WHAT YOU WILL DO: The required answer is an exact copy of every line from the beginning of the entries through the line with "KIT COMPLETO GUARNIZIONI", with all pictures omitted.

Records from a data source
=-=-=-=-=

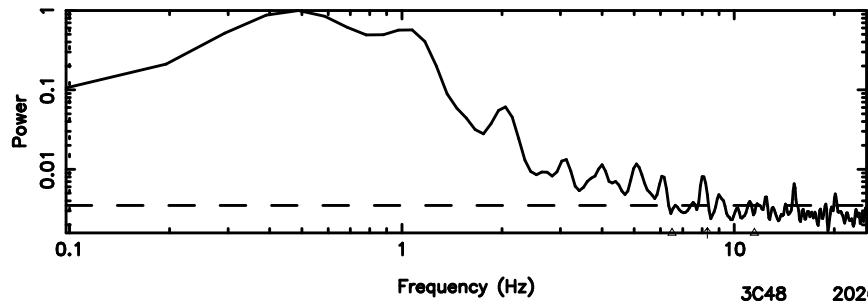

BLK:10,SNR1: 10.339 ,SNR2: 25.189

3C48 2026/05/05 1.63UT TOYOKAWA-KISO

K20260505103612
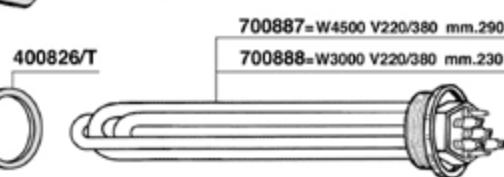

617940

TAPPO CROMATO

CHROMATE PLUG

FIANCHETTO INFERIORE DX-SX

LOWER RS-LS PLASTIC PANEL

700941 =GR2-3 V110 PUB GICAR 951533
700942 =GR2-3 V220 BAR GICAR 951515
700942/11=GR2-3 V110 BAR GICAR 951516
700943 =GR2-3 V220 BAR GICAR 951532

MODELLO CROMATO - CHROMED MODEL

KIT COMPLETO GUARIZIONI EUROPICCOLA COD.701866
EUROPICCOLA GASKET COMPLETE KIT

KIT COMPLETO GUARNIZIONI PROFESSIONAL COD.701867
PROFESSIONAL GASKET COMPLETE KIT

=-=-=-=-=

SOLUTION BELOW:
BLK:10,SNR1: 10.339 ,SNR2: 25.189

3C48 2026/05/05 1.63UT TOYOKAWA-KISO

K20260505103612

617940

TAPPO CROMATO

CHROMATE PLUG

FIANCHETTO INFERIORE DX-SX

LOWER RS-LS PLASTIC PANEL

700941 =GR2-3 V110 PUB GICAR 951533
700942 =GR2-3 V220 BAR GICAR 951515
700942/11=GR2-3 V110 BAR GICAR 951516
700943 =GR2-3 V220 BAR GICAR 951532

MODELLO CROMATO - CHROMED MODEL

KIT COMPLETO GUARIZIONI EUROPICCOLA COD.701866
EUROPICCOLA GASKET COMPLETE KIT

KIT COMPLETO GUARNIZIONI PROFESSIONAL COD.701867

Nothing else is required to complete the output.